3- Ponction lombaire :

L’atteinte méningée se définit par l’existence de plus de 5 éléments/mm3 dans le liquide céphalorachidien avec présence de blastes. Elle influence le pronostic et surtout les modalités thérapeutiques.

4- Autres examens :

• Radiographie de thorax : à la recherche d’un gros médiastin, d’un syndrome alvéolo-interstitiel (leucostase), d’une pneumopathie infectieuse.

• L’étude de l’hémostase avec recherche de coagulation intravasculaire disséminée (CIVD) : indispensable, particulièrement dans les leucémies lymphoblastiques aiguës hyperleucocytaires.

• L’ionogramme et le bilan phosphocalcique : pour apprécier la fonction rénale, rechercher une hyperuricémie ou le retentissement métabolique de la lyse blastique.

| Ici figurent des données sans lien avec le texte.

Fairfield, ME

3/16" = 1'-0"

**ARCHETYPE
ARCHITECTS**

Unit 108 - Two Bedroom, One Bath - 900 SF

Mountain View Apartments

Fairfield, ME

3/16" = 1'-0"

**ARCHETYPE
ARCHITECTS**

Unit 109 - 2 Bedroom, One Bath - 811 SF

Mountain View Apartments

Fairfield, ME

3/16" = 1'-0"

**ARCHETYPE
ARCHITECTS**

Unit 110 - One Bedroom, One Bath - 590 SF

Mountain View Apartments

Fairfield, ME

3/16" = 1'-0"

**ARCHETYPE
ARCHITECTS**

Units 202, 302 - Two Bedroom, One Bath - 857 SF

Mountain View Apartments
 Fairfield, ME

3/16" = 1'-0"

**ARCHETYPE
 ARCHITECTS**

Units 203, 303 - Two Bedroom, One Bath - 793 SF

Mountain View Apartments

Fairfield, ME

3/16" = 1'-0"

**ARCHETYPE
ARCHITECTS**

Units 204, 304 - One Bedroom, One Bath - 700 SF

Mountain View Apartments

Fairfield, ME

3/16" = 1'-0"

• Le dosage de LDH reflète la masse tumorale et son renouvellement.

• Une étude de la fonction hépatique avant une chimiothérapie potentiellement toxique.

• Un phénotype érythrocytaire complet, avec recherche d’agglutinines irrégulières avant toute transfusion, pour réduire le risque d’immunisation chez des patients candidats à de multiples transfusions.

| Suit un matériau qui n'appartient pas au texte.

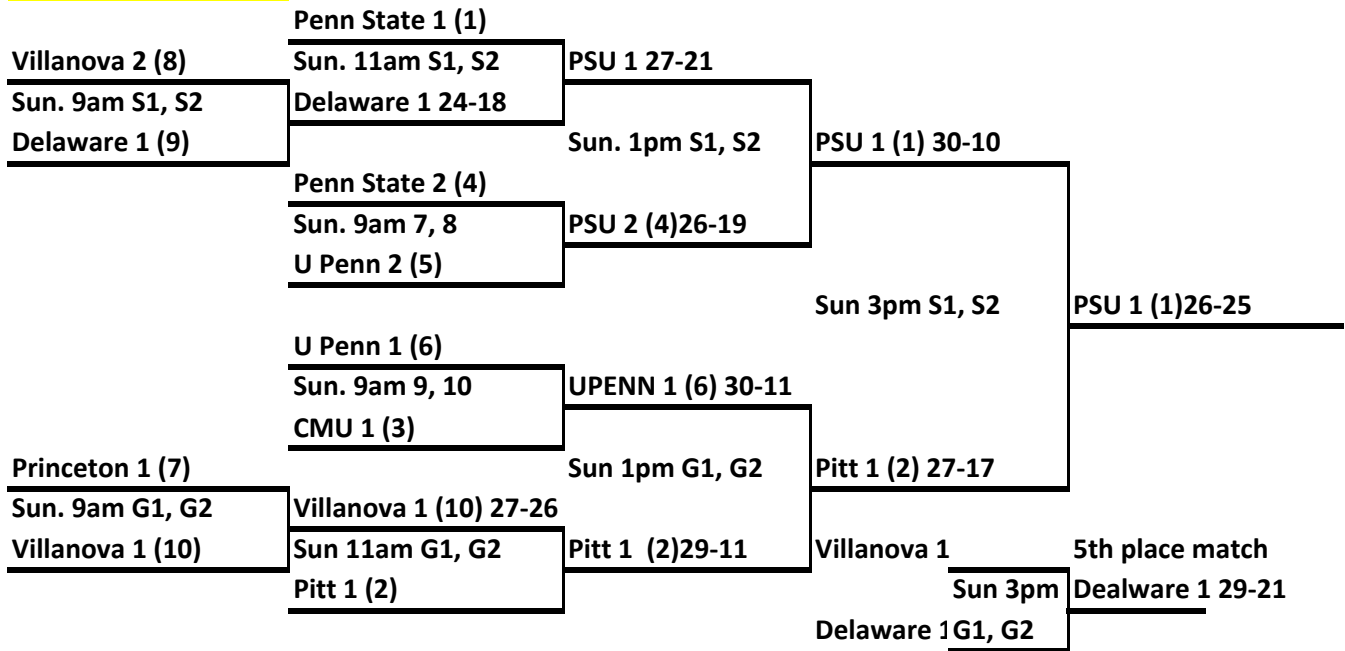

- 1st place in each pool will play in the Gold bracket on Sunday
- 2nd place in each pool will play in the Silver bracket on Sunday
- 3rd place in each pool will play in the Bronze bracket on Sunday

Standings within group will be determined using following criteria:

All 10 teams in each bracket will be seeded based on Saturday's game differential

ALL SUNDAY MATCHES WILL BE 6 GAME PRO SETS

Saturday Standings	Record W/L
Pool A	
1. Pitt 1	2-0 (60)
2. St. Joe's 1	1-1 (-21)
3. TCNJ 2	0-2 (-39)
Pool B	
1. Penn State 1	2-0 (70)
2. Bucknell	1-1 (-29)
3. Slippery Rock 2	0-2 (-41)
Pool C	
1. CMU 1	2-0 (58)
2. Lehigh 2	1-1 (-16)
3. Slippery Rock 1	0-2 (-42)
Pool D	
1. U Penn 1	2-0(44)
2. TCNJ 1	1-1(19)
3. Lafayette	0-2 (-61)
Pool E	
1. Villanova 1	2-0 (16)
2. Delaware 2	1-1 (-10)
3. Drexel	0-2 (-12)
Pool F	
1. Delaware 1	2-0(27)
2. Princeton 2	1-1 (5)
3. Lehigh 1	0-2 (-32)
Pool G	
1. Princeton 1	2-0 (41)
2. Pitt 2	1-1 (24)
3. St. Joe's 2	0-2 (-65)
Pool H	
1. Penn State 2	2-0 (49)

2. Temple 1	1-1 (9)
3. Rowan 2	0-2 (-58)
<u>Pool I</u>	
1. U Penn 2	2-0(48)
2. Rowan 1	1-1(27)
3. Rider	0-2 (-75)
<u>Pool J</u>	
1. Villanova 2	2-0(32)
2. CMU 2	1-1(8)
3. Temple 2	0-2 (-24)

ts

Game differential

Gold Bracket

Silver Bracket

Bronze Bracket

2016 Establish 5-8 place tiebreak in the event that the top 4 do not accept bid

• Un groupage HLA pour prévoir l’immunisation transfusionnelle plaquettaire voire dans l’éventualité d’une greffe de moelle ultérieure.

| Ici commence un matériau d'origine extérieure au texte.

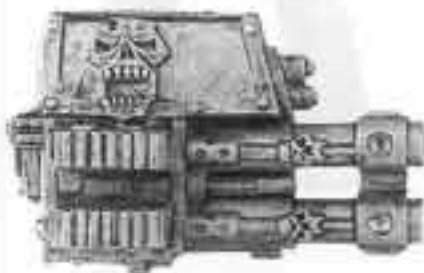

TWIN AUTOCANNON
00462/10
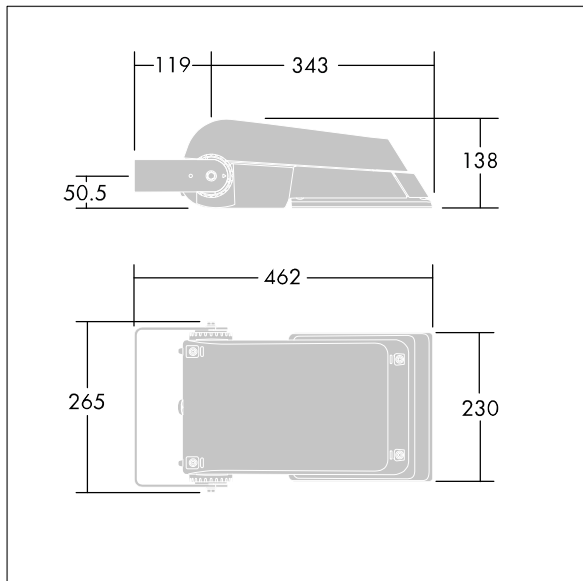

### Areaflood Pro

A compact, lightweight, general purpose LED area floodlight. With small body, driving 24 LEDs at 500mA with asymmetrical 60° light distribution. IP66, IK08, Class I electrical. Body: die-cast aluminium (EN AC-44300), Light grey 150 sanded textured (close to RAL9006).. Enclosure: 4mm thick toughened glass. Reversible mounting stirrup supplied, Complete with 4000K LED.

Not compatible with UrbaSens systems.

Dimensions: 462 x 265 x 139 mm

Luminaire input power: 38 W

Luminaire luminous flux: 5792 lm

Luminaire efficacy: 152 lm/W

Weight: 6.18 kg

Scx: 0.05 m<sup>2</sup>

TLG\_AFLP\_F\_SMALLPDB.jpg
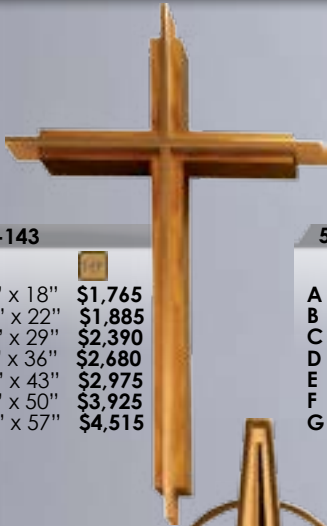

PRICES SUBJECT TO CHANGE WITHOUT NOTICE

WALL CROSSES

MADE IN USA

SHOWN AND PRICED IN BRONZE. BRASS 10% ADDITIONAL. PLEASE SPECIFY METAL WHEN ORDERING. AVAILABLE IN HIGH POLISH FINISH ONLY. WOODEN CROSSES SHOWN AS OAK, PLEASE SPECIFY LIGHT, MEDIUM, OR DARK FINISH. SUPPLIED WITH KEY-HOLE SLOTS FOR HANGING. CEILING HOOKS AND WALL PROJECTION BRACKETS AVAILABLE AT ADDITIONAL CHARGE.

= HIGH POLISH

521-143

A	30" x 18"	$1,765
B	36" x 22"	$1,885
C	48" x 29"	$2,390
D	60" x 36"	$2,680
E	72" x 43"	$2,975
F	84" x 50"	$3,925
G	96" x 57"	$4,515

• Une enquête bactériologique et virale pour déterminer la cause d’une fièvre initiale, mais aussi le statut sérologique vis-à-vis des hépatites B et C et du virus de l’immunodéficience humaine (VIH) ce qui a un intérêt pratique immédiat (transfusions prévisibles) mais aussi médico-légal ultérieur.

• Une échographie abdominale lorsque la clinique y invite, pour détecter une tumeur mésentérique ou une infiltration rénale.

• Une échographie cardiaque avant utilisation des anthracyclines.

Diagnostic différentiel :

Il n’y a pas en pratique de diagnostic différentiel d’une leucémie aiguë. Il importe pourtant de :

• ne pas ignorer le diagnostic devant un tableau clinique trompeur ou incomplet évoquant une arthrite chronique juvénile ou une mononucléose infectieuse. L’analyse des données hématologiques doit être rigoureuse, le contrôle médullaire réalisé au moindre doute ;

• ne pas poser le diagnostic trop précipitamment sur des seules données sanguines : le myélogramme est toujours indispensable au diagnostic de leucémie lymphoblastique aiguë. La réelle difficulté peut provenir de l’affirmation du caractère lymphoïde d’une leucose aiguë, du fait de la négativité ou de la discordance des examens mis en oeuvre. La distinction entre leucémie lymphoblastique aiguë à Ph1 et transformation aiguë de leucémie myéloïde chronique est actuellement purement intellectuelle : leur pronostic est pareillement effroyable ; à la frontière entre le diagnostic différentiel et les formes cliniques se situent les lymphomes leucémisés, dans lesquels c’est le ganglion qui constitue le site initial de la prolifération maligne, mais où moelle et sang peuvent être envahis lors du diagnostic.

Le seuil conventionnel

– 30 % de blastes médullaires

– définit la leucémie aiguë. Pour artificiel qu’il puisse paraître, il est très utile en clinique.

Formes cliniques :

Deux formes méritent d’être individualisées par leur sémiologie particulière :

• les leucémies lymphoblastiques aiguës T, caractérisées par une forte masse tumorale médiastinale développée aux dépens du thymus et par un tropisme cérébro-méningé marqué ;

• les leucémies lymphoblastiques aiguës B matures, de type Burkitt [non liées au virus Epstein-Barr (EBV) contrairement au lymphome de Burkitt africain] : les blastes de morphologie L3 portent à leur surface des immunoglobulines de membrane monotypiques. Le pronostic immédiat dépend de la qualité de la réanimation hématologique tant le syndrome métabolique est au premier plan. La masse tumorale est considérable, avec souvent une localisation abdominale et (ou) neuroméningée.

Facteurs pronostiques :

1- Facteurs liés au malade :

• L’âge est le facteur le plus important ; chez l’adulte, le risque de rechute ou d’échec primaire s’accroît au-dessus de 35 ans ; chez l’enfant, un âge inférieur à 1 an est de mauvais pronostic : la maladie est souvent hyperleucocytaire avec atteinte méningée initiale, et le traitement plus toxique à cet âge ; chez l’enfant plus grand, le pronostic se dégrade à partir de 10-11 ans pour rejoindre celui de l’adulte à partir de 15 ans.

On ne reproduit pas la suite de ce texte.